Identical-prefix: find two messages M1 and M2 that produce the same hash. Both messages are entirely under attacker control. Easy for MD5, expensive but feasible for SHA-1.
Chosen-prefix: given two arbitrary prefixes P1 and P2 (chosen by the victim), find suffixes S1 and S2 such that hash(P1||S1) = hash(P2||S2). This is what makes attacks on certificates work, because you cannot control the prefix; the CA does. Both MD5 and SHA-1 have practical chosen-prefix attacks.

SHAttered: SHA-1 Falls (2017)

On February 23, 2017, Google and CWI Amsterdam published the first SHA-1 collision: two PDF files with the same SHA-1 hash, different visible content. They named the attack SHAttered.

The collision used 9 quintillion (9.2 × 10^18) SHA-1 computations.
Cost on Google Cloud: about $110,000.
Compared to brute-force (2^80), the attack was 100,000x faster.
Compared to running on a single CPU, the attack would have taken 6,500 years.

By 2017, the browser industry had already been preparing for this. Chrome, Firefox, Edge, and Safari had all announced SHA-1 certificate rejection schedules between 2014 and 2017. The CA/Browser Forum had banned issuing new SHA-1 certificates after 2015. SHAttered was the long-predicted event for which everyone was ready.

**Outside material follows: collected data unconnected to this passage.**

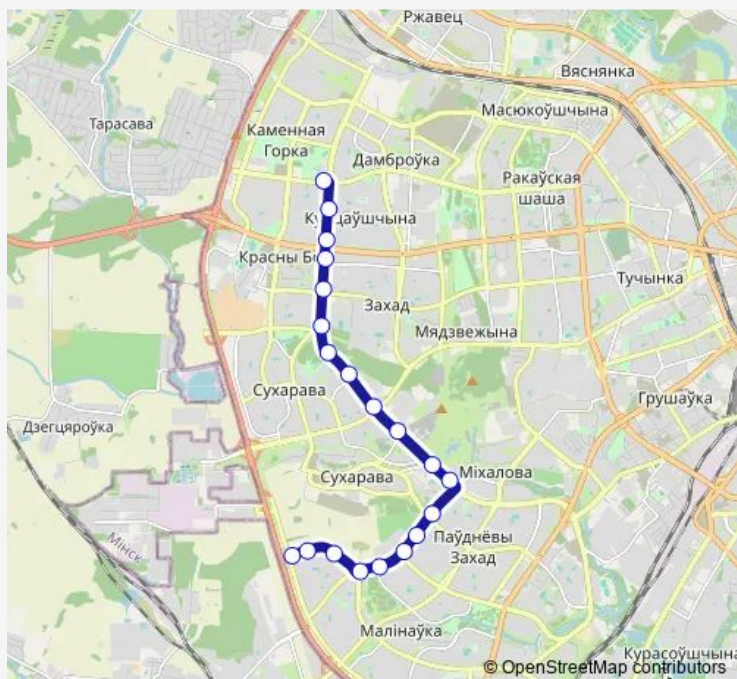

Tuesday 00:16-00:35

Wednesday 00:16-00:35

Thursday 00:16-00:35

Friday 00:16-00:35

Saturday 00:19-00:35

Sunday 00:19-00:35

Route info

Direction: ДС Кунцевщина

Stops: 15

Trip Duration: 0 hour 31 min

Direction

ДС Кунцевщина — ДС Малиновка-4 (высадка пассажиров)

19 stops

[Open route schedule](#)

ДС Кунцевщина

Поликлиника №26

In 2020, Leurent and Peyrin extended the attack to a chosen-prefix collision on SHA-1, costing about $45,000 of GPU time. This is the variant that breaks signature schemes. Anyone still depending on SHA-1 in 2026 has done so against persistent warnings.

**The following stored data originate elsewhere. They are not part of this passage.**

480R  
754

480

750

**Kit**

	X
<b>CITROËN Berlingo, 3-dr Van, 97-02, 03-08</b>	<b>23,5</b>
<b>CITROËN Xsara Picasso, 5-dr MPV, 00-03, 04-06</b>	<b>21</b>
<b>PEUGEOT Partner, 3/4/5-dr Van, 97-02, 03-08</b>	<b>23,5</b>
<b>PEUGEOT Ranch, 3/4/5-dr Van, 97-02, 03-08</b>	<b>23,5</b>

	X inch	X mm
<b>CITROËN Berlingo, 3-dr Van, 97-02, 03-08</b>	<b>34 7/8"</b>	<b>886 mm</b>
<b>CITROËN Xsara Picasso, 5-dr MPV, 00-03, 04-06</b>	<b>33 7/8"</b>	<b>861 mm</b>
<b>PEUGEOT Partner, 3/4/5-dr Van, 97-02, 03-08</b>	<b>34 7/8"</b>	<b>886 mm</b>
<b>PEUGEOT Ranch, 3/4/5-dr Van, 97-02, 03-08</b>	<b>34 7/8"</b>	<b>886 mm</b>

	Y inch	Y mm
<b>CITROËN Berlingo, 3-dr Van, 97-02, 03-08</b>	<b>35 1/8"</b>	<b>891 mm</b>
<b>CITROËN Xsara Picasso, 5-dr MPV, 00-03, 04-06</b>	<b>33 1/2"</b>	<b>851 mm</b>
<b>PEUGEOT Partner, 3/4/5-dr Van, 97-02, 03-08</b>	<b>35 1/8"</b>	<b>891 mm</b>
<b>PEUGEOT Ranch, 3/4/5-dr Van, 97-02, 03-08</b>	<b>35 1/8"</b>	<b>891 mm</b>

Defending Against Collision Attacks

Use bigger hashes. SHA-256 gives 128 bits of collision resistance, far beyond what any conceivable attacker can do. SHA-512 gives 256.
Use families with different internal structures. SHA-3 was standardized as a backup precisely so that a structural break in SHA-2 would not affect SHA-3.
Use hashes with chosen-prefix resistance proofs. The newest hash designs are evaluated against chosen-prefix attacks as a baseline requirement.
Pin the algorithm in protocol design. Many MD5 / SHA-1 attacks succeeded because the protocol allowed the hash function to be negotiated, and downgrade attacks selected the weakest option. Modern protocols hardcode SHA-256 or SHA-3.
Add a counter-collision step. Git, faced with the SHA-1 collision problem and unable to fully migrate yet, uses a tool called SHA-1DC (detect-collision) that watches for the specific block patterns used in known SHA-1 attacks and rejects them.